Introduction: Arduino Electrometer/Capacitive Object Sensor
My passion as a maker is for robots. I have made a dozen or so, mostly using Arduino. The thing is, I'm kind of bored by most of the robots that get made-line followers, sumo, photophobes/vores, BEAM, etc. What interests me is a robot that hasn't been done to death, one with a new design, method or structure. To that end, I started thinking about sensors that haven't been traditionally applied to robots.
Most object avoidance is done with one of two methods:sonic or visible/near visible spectrum EM sensing. Infrared and "Ping" sensors each are well documented for use with the Arduino, so I've been experimenting with static electricity as an object avoidance method. Nearly every object in an environment that a table-top robot would come into contact with has a detectable static field reaching a few inches into space around it. With an array of sensitive enough detectors (and enough shielding or programming regulation to keep from detecting its own fields) a robot should be able to avoid most objects. (Of course if you're mean to your robot and line its environment with the little bags and foam from your IC collection, it won't work, but you'd be being a jerk if you did that...)
In any case, the purpose of this tutorial is just to show how an "Electrometer" works and can be made from an Arduino.
Most object avoidance is done with one of two methods:sonic or visible/near visible spectrum EM sensing. Infrared and "Ping" sensors each are well documented for use with the Arduino, so I've been experimenting with static electricity as an object avoidance method. Nearly every object in an environment that a table-top robot would come into contact with has a detectable static field reaching a few inches into space around it. With an array of sensitive enough detectors (and enough shielding or programming regulation to keep from detecting its own fields) a robot should be able to avoid most objects. (Of course if you're mean to your robot and line its environment with the little bags and foam from your IC collection, it won't work, but you'd be being a jerk if you did that...)
In any case, the purpose of this tutorial is just to show how an "Electrometer" works and can be made from an Arduino.

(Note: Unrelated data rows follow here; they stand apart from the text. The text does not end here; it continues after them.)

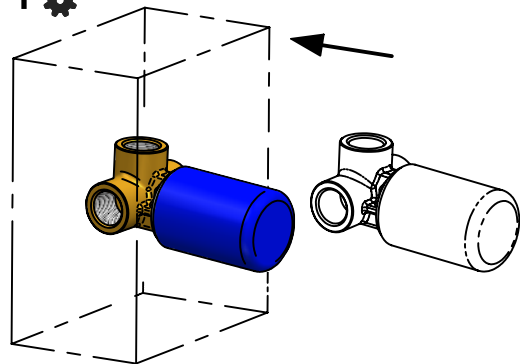

life

ISTRUZIONI DI INSTALLAZIONE / INSTALLATION INSTRUCTION

Miscelatore incasso per doccia
Built in single lever mixer for shower

Cod. 0521/M

Maniglia ORIGINAL

Cod. 0521/M/L

Maniglia LEVER

1

2

3

DOCCIA / SHOWER

life

ISTRUZIONI DI INSTALLAZIONE / INSTALLATION INSTRUCTION

Miscelatore incasso per doccia
Built in single lever mixer for shower

Cod. 0521/M

Maniglia ORIGINAL

Cod. 0521/M/L

Maniglia LEVER

1

2

3

DOCCIA / SHOWER

! SOSTITUZIONE CARTUCCIA / CARTRIDGE REPLACEMENT

! SOSTITUZIONE CARTUCCIA / CARTRIDGE REPLACEMENT

Step 1: Electrometer Basics
An electrometer is just a device which detects and/or measures an electric charge or potential difference stored in a "dielectric," which is a fancy way of saying "something that can't conduct electricity but that can have an electric charge." You may remember a Gold-leaf electroscope demonstration from science class where a piece of gold foil in a jar was folded over a length of wire, the other end of which protruded from the top of the jar. When you touched a comb that you'd just run through your hair to the wire, the foil "wings" either sucked together or shot apart, depending on how the charges and wings were arranged initially. Usually, a Van De Graff generator was the next thing they brought out, but we're not going to build one of those. Not in this particular instructable anyway...
Step 2: Parts
Materials are pretty simple.
Electronics:
-Arduino board (any one should work, but I'm using the UNO.)
-2N3819 JFET (Junction Field Effect Transistor)
-100KΩ Potentiometer
-1MΩ resistor
-Breadboard and hookup wires
-antenna (optional)
Other materials (optional):
-Balloon
-Comb
-Hair
-Soft Dog or Cat
-Roll of packing tape
-natural fiber socks
-glow-in-the-dark analog clock or glow-in-the-dark stickers
-ESD Protection Bag (should have come around your Arduino board.)
This instructable assumes that you're already familiar with Arduino-we're not going to step you through the basics of the IDE. If you have never used your Arduino before, go to Arduino.cc and at least get familiar with the "Blink" and "AnalogReadSerial" demonstration sketches.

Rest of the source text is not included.